Tuesday, September 16, 2008

The Mind or The Brain?

Modem philosophy of science has been devoted largely to the formal and systematic description of the successful practices of working scientists. The philosopher does not try to dictate how scientific inquiry and argument ought to be conducted. Instead he tries to enumerate the principles and practices that have contributed to good science. The philosopher has devoted the most attention to analyzing the methodological peculiarities of the physical sciences. The analysis has helped to clarify the nature of confirmation, the logical structure of scientific theories, the formal properties of statements that express laws and the question of whether theoretical entities actually exist.

It is only rather recently that philosophers have become seriously interested in the methodological tenets of psychology. Psychological explanations of behavior refer liberally to the mind and to states, operations and processes of the mind. The philosophical difficulty comes in stating in unambiguous language what such references imply.

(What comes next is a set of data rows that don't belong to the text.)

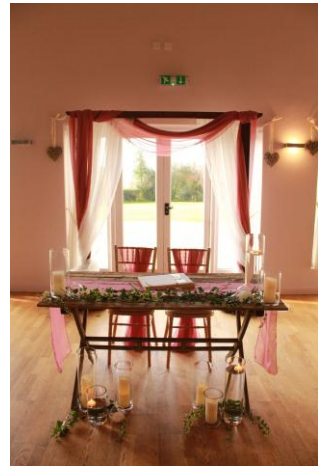

Rustic Wooden Arch

There are a number of combinations which we can do with the rustic wooden arch including fresh flowers, garlands, draping, fairy lights and curtains. Please ask for more details. (7ft by 7ft) £75.00 to hire
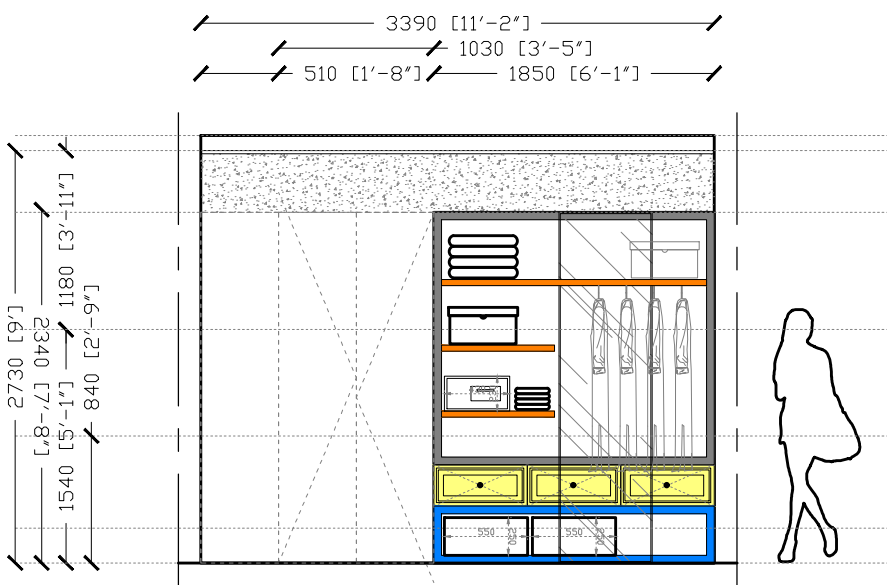

Proposed Planning
 Typical room furniture:
 Typical Bedroom Exposed Storage Type A
 Scale 1:100

Det G 04

- Yosemite (wood)
- Stone Grey
- Onyx Grey
- Paint

Scale 1:50

NOTES:

- This drawing is to be read in conjunction with all other relevant drawings.
- Any discrepancies shall be brought forward to the attention of the designer in charge of the project immediately.
- The contractor shall be responsible for taking detailed measurements for every individual job which shall be checked on site prior to any work commencing.
- All dimensions shown on this drawing are only indicative/1 and shall NOT be used for manufacturing purposes unless noted otherwise.
- This drawing is to be printed on A3 standard paper. Actual size printing command is to be used in order to retain scale.
- All dimensions are in millimeters.
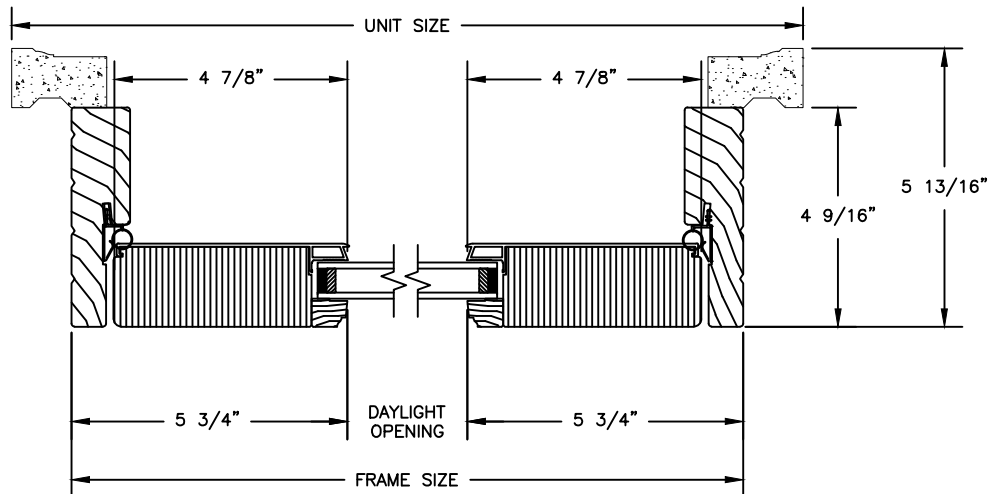

Legend HBR Series

LEGEND HBR PATIO DOOR - INSWING

SECTION DETAILS

SCALE: 3" = 1'-0"

OPERATING HEAD JAMB & SILL

STATIONARY HEAD JAMB & SILL

1 PANEL JAMB

Legend HBR Series

LEGEND HBR PATIO DOOR - INSWING

SECTION DETAILS: 4 9/16" JAMB WITH 1/2 LITE FLAT PANEL

SCALE: 3" = 1'-0"

GLASS HEIGHT	
6-8	34 1/8"
6-10	37"
8-0	50"
9-0	62"
10-0	74"

Legend HBR Series

LEGEND HBR PATIO DOOR - INSWING

SECTION DETAILS: 4 9/16" JAMB WITH 3/4 LITE FLAT PANEL

SCALE: 3" = 1'-0"

GLASS HEIGHT	
6-8	46 5/8"
6-10	49 1/2"
8-0	62 1/2"
9-0	74 1/2"
10-0	86 1/2"

OPERATING HEAD JAMB & SILL

1 PANEL JAMB

Legend HBR Series

Traditional philosophies of mind can be divided into two broad categories: dualist theories and materialist theories. In the dualist approach the mind is a nonphysical substance. In materialist theories the mental is not distinct from the physical; indeed, all mental states, properties, processes and operations are in principle identical with physical states, properties, processes and operations. Some materialists, known as behaviorists, maintain that all talk of mental causes can be eliminated from the language of psychology in favor of talk of environmental stimuli and behavioral responses. Other materialists, the identity theorists, contend that there are mental causes and that they are identical with neurophysiological events in the brain.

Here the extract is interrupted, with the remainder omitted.